_Stored data:_
* * *
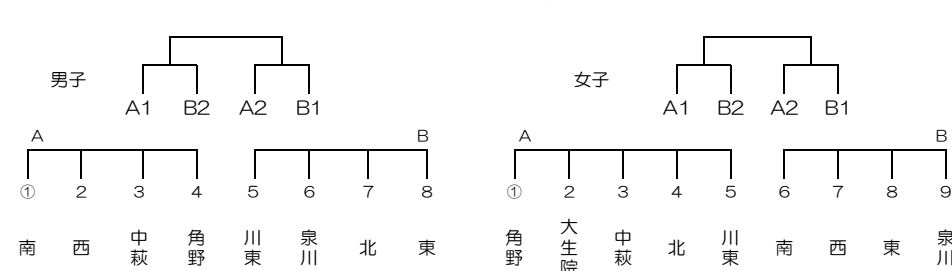

平成30年度 第49回市民体育祭 兼第56回新居浜市中学校新人体育大会 組合せ表

軟式野球 (市営球場)

バレーボール (市民体育館)

サッカー (グリーンフィールド)

バスケットボール (山根体育館)

バドミントン (東中学校)

剣道 (南中学校体育館) 1日目

ソフトボール (河川敷ソフトボール場)

ソフトテニス (男子: 山根コート 女子: 河川敷オムニコート)

陸上競技 (河川敷陸上競技場)

1日目 別途プログラム

水泳 (ファイブテン)

1日目 別途プログラム

柔道 (北中学校)

2日目 個人戦 団体戦

卓球 (男子: 泉川中学校 女子: 角野中学校)
* * *
_Directions for this task:_ The line containing "軟式野球 (市営球場)" marks where to begin; copy it and every later line exactly, through the end of the data.

_Solution to this task:_
軟式野球 (市営球場)

バレーボール (市民体育館)

サッカー (グリーンフィールド)

バスケットボール (山根体育館)

バドミントン (東中学校)

剣道 (南中学校体育館) 1日目

ソフトボール (河川敷ソフトボール場)

ソフトテニス (男子: 山根コート 女子: 河川敷オムニコート)

陸上競技 (河川敷陸上競技場)

1日目 別途プログラム

水泳 (ファイブテン)

1日目 別途プログラム

柔道 (北中学校)

2日目 個人戦 団体戦

卓球 (男子: 泉川中学校 女子: 角野中学校)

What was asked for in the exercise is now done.